Я проснулась.

Бодрствование 27

Я умру - и включат свет, и увижу всех, по круглому списку любимых, где нет ни первых, ни последних, и все одинаково отдалены от моего сердца моим эгоизмом, и все одинаково приближены к нему моей любовью. Если мой эгоизм станет так силен, что оттолкнет вас, все вы разлетитесь, и не верну вас никогда. Но чем меньше он будет, тем ближе вы будете ко мне, и не опалит, а согреет меня горящая вата времени.

II

Во сне человек теряет все: имя, возраст, пол, родину.... Теряет - и освобождается от потерянного. Во сне человек свободен - и безволен. В бодрствовании - связан, но у него есть воля для того, чтобы с узами смириться, дать им задушить себя, или расшатывать их, сдирая с себя кожу и мясо. Во сне человек теряет...

...ВОЗРАСТ

БАБУШКА-ГОЛЕМ

Мне снилась ночная Прага. Она была такой, какой каждый из нас, кому слова "Старый Город" что-нибудь да говорят, представит ее себе. Я знала: Голем вернулся. Я бегала по улицам в надежде встретить его. Только что прошел дождь, "мокрые карнизы блестят как сабли" - так я думала во сне. Впереди мелькнуло желтое, явно мягкое, словно сделанное из теста тело. Я удивилась тому, как быстро оно передвигается, и срезала путь, пробежав каким-то узким закоулком. Голем вынырнул из арки прямо передо мной: это была моя 90-летняя, абсолютно нагая бабушка.

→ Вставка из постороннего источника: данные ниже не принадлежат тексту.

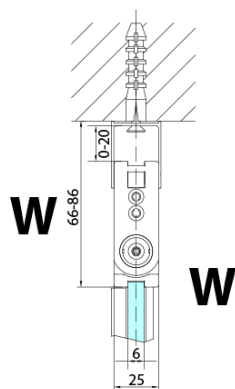

ZOOM BLACK sprchové dvere skladacie 700 mm, pravé, číre sklo

Objednací kód: ZL4715BR

Základné informácie

Značka: Polysan
Séria: ZOOM BLACK

Rozmery

Šírka: 700 mm
Výška: 2000 mm

Vlastnosti

Farba profilu: Čierna mat
Tvar: Dvere do kombinácie
Typ otvárania: Skladacie
Smer otvárania: Pravé
Typ výplne: Číre sklo
Úprava skla: Antidrop
Hrúbka skla: 6 mm
Hmotnosť / ks: 31.0 kg
Balenie: 1 ks
Záruka: 3 roky

Technický list

Model	A	B
ZL4715B	685-715	697
ZL4815B	785-815	797
ZL4915B	885-915	897

ZOOM BLACK sprchové dvere skladacie 700 mm,
pravé, číre sklo

Model	A	B	Y
ZL4715B	670-690	837	339
ZL4815B	770-790	978	378
ZL4915B	870-890	1119	438

ZL4715BL
ZL4815BL
ZL4915BL

ZL4715BR
ZL4815BR
ZL4915BR

**ZOOM BLACK sprchové dvere skladacie 700 mm,
pravé, číre sklo**

Model L		Model R	A	B	C	Y	Z
ZL4715BL	+	ZL4815BR	670-690	770-790	907	378	339
ZL4715BL	+	ZL4915BR	670-690	870-890	978	438	339
ZL4815BL	+	ZL4915BR	770-790	870-890	1048	438	378
ZL4815BL	+	ZL4715BR	770-790	670-690	907	339	378
ZL4915BL	+	ZL4715BR	870-890	670-690	978	339	438
ZL4915BL	+	ZL4815BR	870-890	770-790	1048	378	438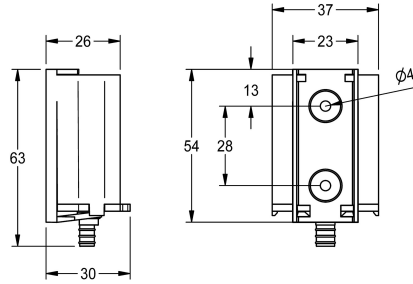

### Příhrádka na baterii

Modell-Linie: ELECTRIC-CONTROLS | ACEX9023

Umyvadlové armatury | Příslušenství Armatury

Я хожу за сумасшедшей старухой. Она - моя родная бабушка. В ее квартире пахнет застоявшимся временем, то есть Стигийским болотом. Это хуже, чем запах старого ночного горшка. Сколько ни проветривай - едва пройдет дождь или помоют полы - вековые шкафы снова начинают источать затхлый запах гниющего гроба.

Мне отвратительно знать, что в этом желтом, пятнистом теле из дрожащей плотяной жидкой глины течет моя кровь. Я смотрю на старухины фотографии, развешенные на стенах, и вижу в серой дымке свое лицо, оправленное в чужое женское тело девятнадцатого века.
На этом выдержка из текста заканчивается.